◆ Task to complete
Could you retype the whole listing word for word and drop the images?
___ Available records ___
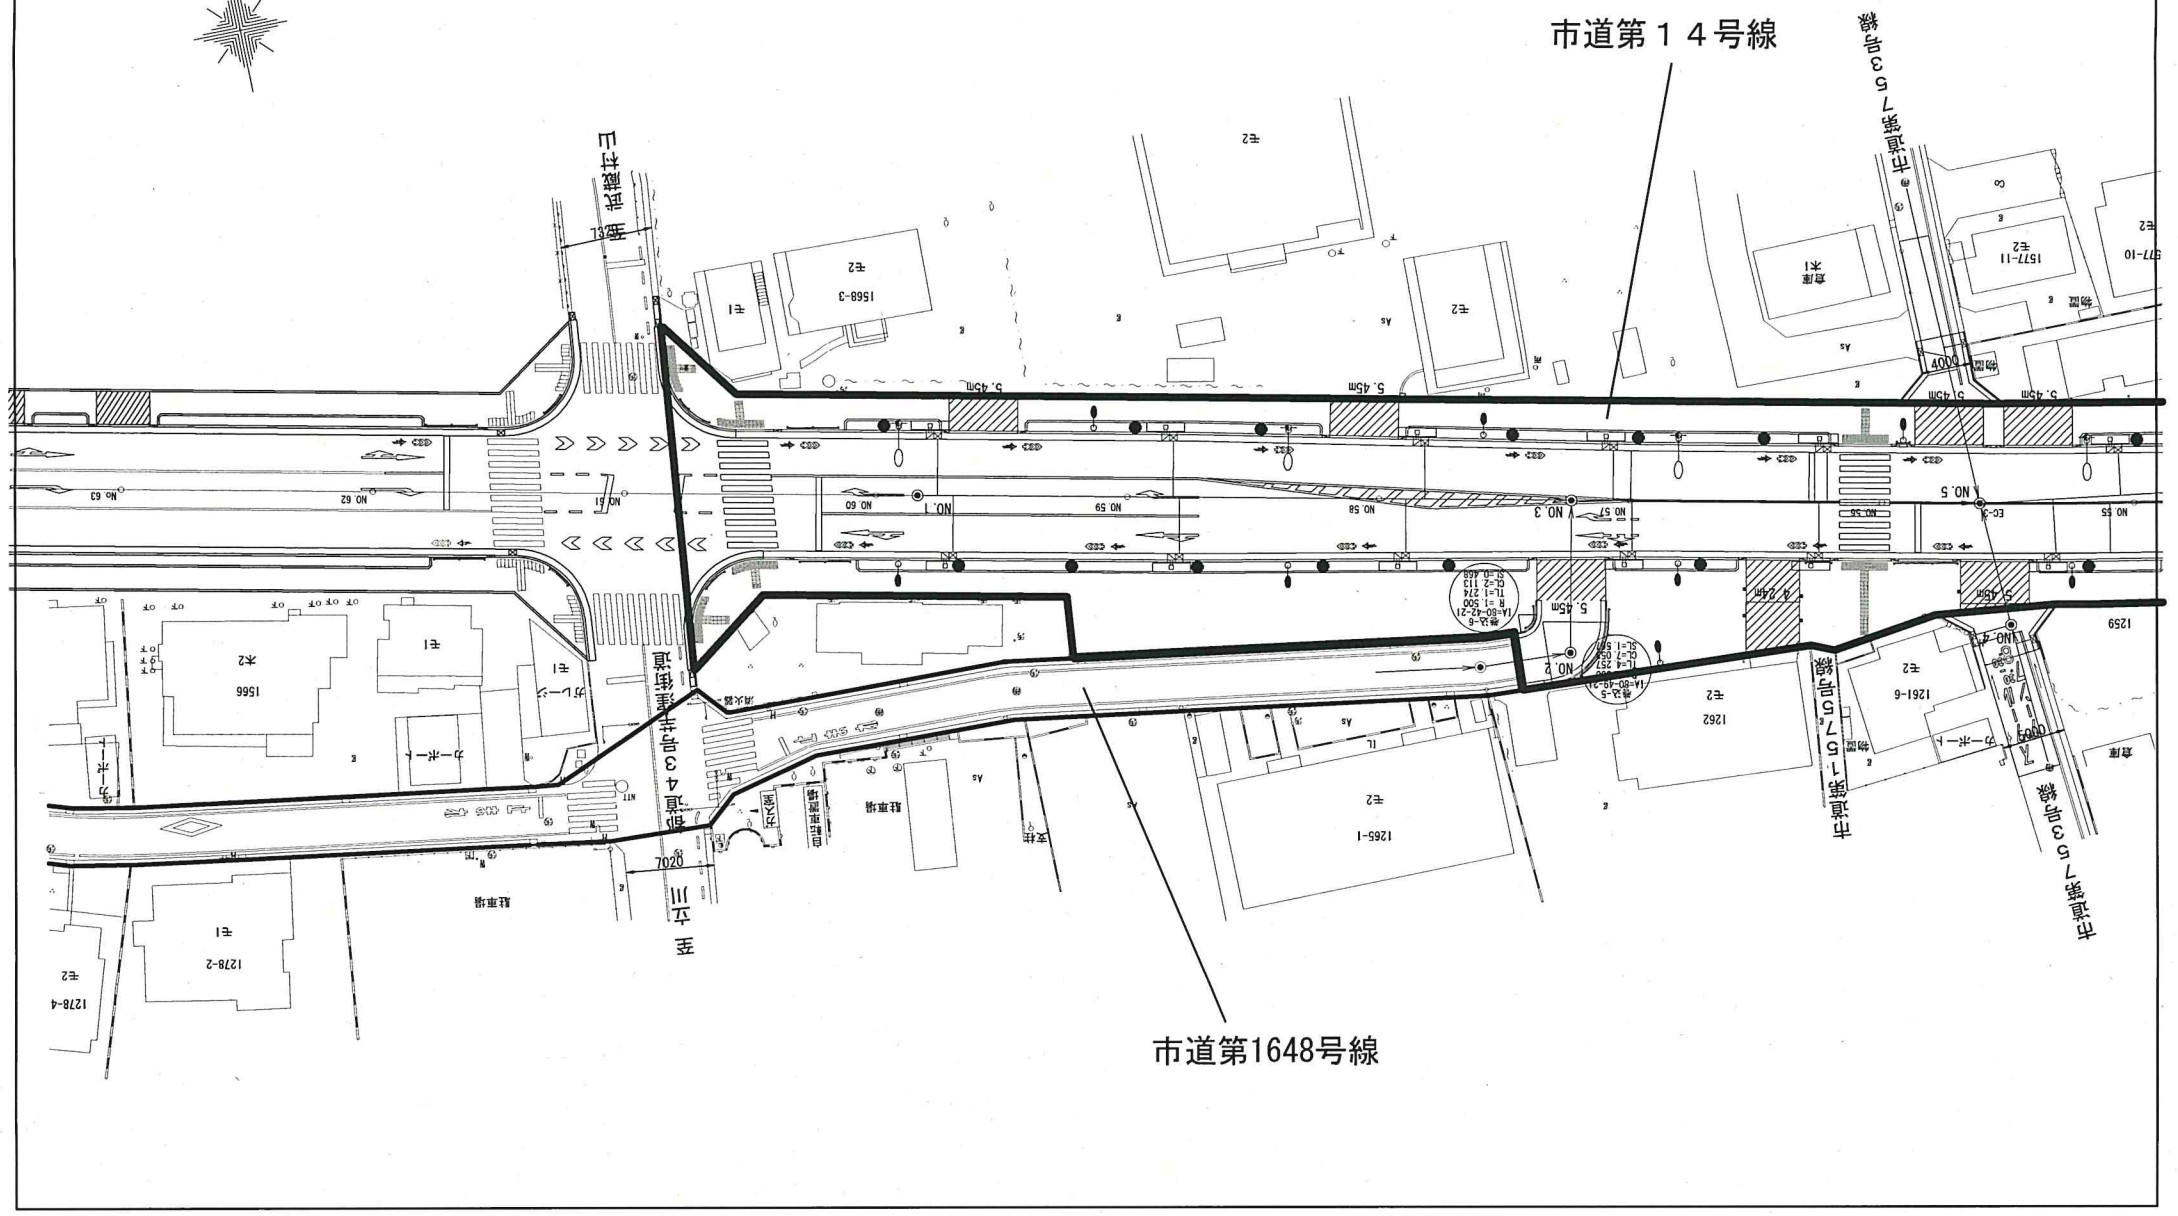

案内図

市道第14号線終点
：武蔵村山市行政界

市道第14号線

都市計画道路3・5・20号線

市道第753号線

市道第14号線
(新規認定区間)

市道第547号線
(一部廃止前)

市道第1648号線
(旧市道第547号線)

市道第14号線
の区域に編入
(旧市道第547号線)

市道第547号線起点
：芝中団地北東

市道第547号線
(一部廃止後)

凡例

-  市道第14号線(新規認定区間)
-  市道第547号線(一部廃止前)
-  市道第547号線(一部廃止後)
-  市道第1648号線認定(旧市道第547号線)

芋窪街道

市立第七小学校

芋窪5丁目

路線概要図 (認定)

凡 例	
←○	認定の区間

路線名	起 点	終 点	幅員 (m)	延長 (m)	面積 (m ²)	その他
市 道 第 1 4 号 線	東大和市芋窪 5丁目1238番17先	東大和市芋窪 3丁目1568番17先	16.00 ~23.57	241.92	4,430.39	—

市道第14号線と市道第1648号線の道路区域図

市道第14号線

市道第1648号線

川立

郵便局

市道第14号線

市道第14号線

市道第14号線
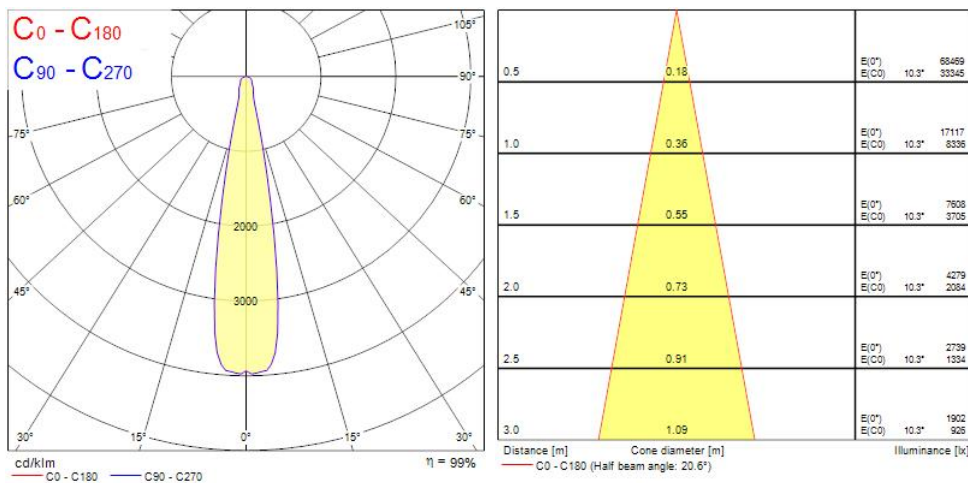

Concord

BEACON XXL NB HO 3K L3 WHT 2059308

CRI (Ra)	85
Kleurafwijking in de tijd	3
Bundel breedte (#)	21
Photobiological Risk Group	RG1
Totaal energieverbruik (W)	48
Spanning (V)	240
Elektrische beschermingsklasse	Klasse I
Type ballast	Elektronische ballast
Kleur behuizing	Wit
IP waarde	IP20
EAN code	5025768593088
Garantie	5 jaar

Fotometrische gegevens
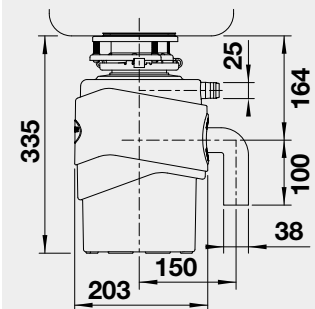

BLANCO FWD Max **NOVINKA** 526 648 -832 € **685 €**

- špičkový model na likvidáciu veľkého množstva odpadu z potravín
- optimalizovaný pre všetky drezy BLANCO
- vysoko kvalitný a výkonný indukčný motor
- jednoduchá inštalácia vďaka 3-skrutkovému systému
- drviace komponenty vyrobené z nerezovej ocele
- 3 stupne drvenia pre rozdrvenie na veľmi jemno
- objem drviacej komory 1200 ml
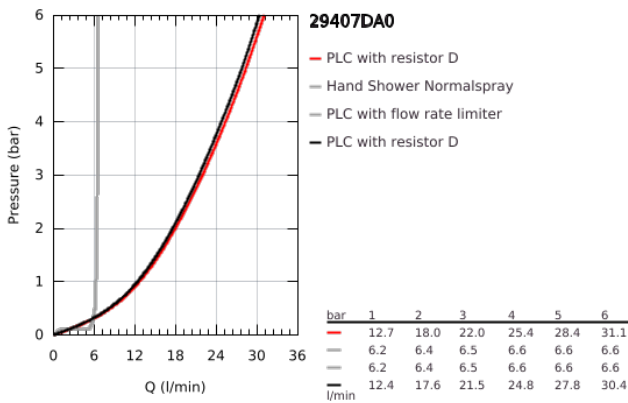

### TERMÉKLEÍRÁS

- Szín: Warm Sunset
- Carbodur belső rész 90°-os elforgatási szöggel
- GROHE LongLife felületkezelés
- az alábbiakból áll:
- előszerelt kifolyócső-rögzítés
- karos fogantyúkkal
- kádtöltő gyöngyöztetővel zuhanyváltóval kád/zuhany
- Rainshower Aqua Stick kézizuhany 6,5 l/perc
- zuhany gégecső 2000 mm
- flexibilis csatlakozótömlők
- zuhanygégecső csatlakozás
- belépő-oldali visszafolyásgátlóval
- csak 29 037 002-vel való használathoz
- Két különféle kupakkészletet tartalmaz. Egy szettet "H" és "C" jelöléssel, egy készletet jelölés nélkül.
___
◆ Task output
案内図

市道第14号線終点
：武蔵村山市行政界

市道第14号線

都市計画道路3・5・20号線

市道第753号線

市道第14号線
(新規認定区間)

市道第547号線
(一部廃止前)

市道第1648号線
(旧市道第547号線)

市道第14号線
の区域に編入
(旧市道第547号線)

市道第547号線起点
：芝中団地北東

市道第547号線
(一部廃止後)

凡例

-  市道第14号線(新規認定区間)
-  市道第547号線(一部廃止前)
-  市道第547号線(一部廃止後)
-  市道第1648号線認定(旧市道第547号線)

芋窪街道

市立第七小学校

芋窪5丁目

路線概要図 (認定)

凡 例	
←○	認定の区間

路線名	起 点	終 点	幅員 (m)	延長 (m)	面積 (m ²)	その他
市 道 第 1 4 号 線	東大和市芋窪 5丁目1238番17先	東大和市芋窪 3丁目1568番17先	16.00 ~23.57	241.92	4,430.39	—

市道第14号線と市道第1648号線の道路区域図

市道第14号線

市道第1648号線

川立

郵便局

市道第14号線

市道第14号線

市道第14号線

Concord

BEACON XXL NB HO 3K L3 WHT 2059308

CRI (Ra)	85
Kleurafwijking in de tijd	3
Bundel breedte (#)	21
Photobiological Risk Group	RG1
Totaal energieverbruik (W)	48
Spanning (V)	240
Elektrische beschermingsklasse	Klasse I
Type ballast	Elektronische ballast
Kleur behuizing	Wit
IP waarde	IP20
EAN code	5025768593088
Garantie	5 jaar

Fotometrische gegevens

BLANCO FWD Max **NOVINKA** 526 648 -832 € **685 €**

- špičkový model na likvidáciu veľkého množstva odpadu z potravín
- optimalizovaný pre všetky drezy BLANCO
- vysoko kvalitný a výkonný indukčný motor
- jednoduchá inštalácia vďaka 3-skrutkovému systému
- drviace komponenty vyrobené z nerezovej ocele
- 3 stupne drvenia pre rozdrvenie na veľmi jemno
- objem drviacej komory 1200 ml

### TERMÉKLEÍRÁS

- Szín: Warm Sunset
- Carbodur belső rész 90°-os elforgatási szöggel
- GROHE LongLife felületkezelés
- az alábbiakból áll:
- előszerelt kifolyócső-rögzítés
- karos fogantyúkkal
- kádtöltő gyöngyöztetővel zuhanyváltóval kád/zuhany
- Rainshower Aqua Stick kézizuhany 6,5 l/perc
- zuhany gégecső 2000 mm
- flexibilis csatlakozótömlők
- zuhanygégecső csatlakozás
- belépő-oldali visszafolyásgátlóval
- csak 29 037 002-vel való használathoz
- Két különféle kupakkészletet tartalmaz. Egy szettet "H" és "C" jelöléssel, egy készletet jelölés nélkül.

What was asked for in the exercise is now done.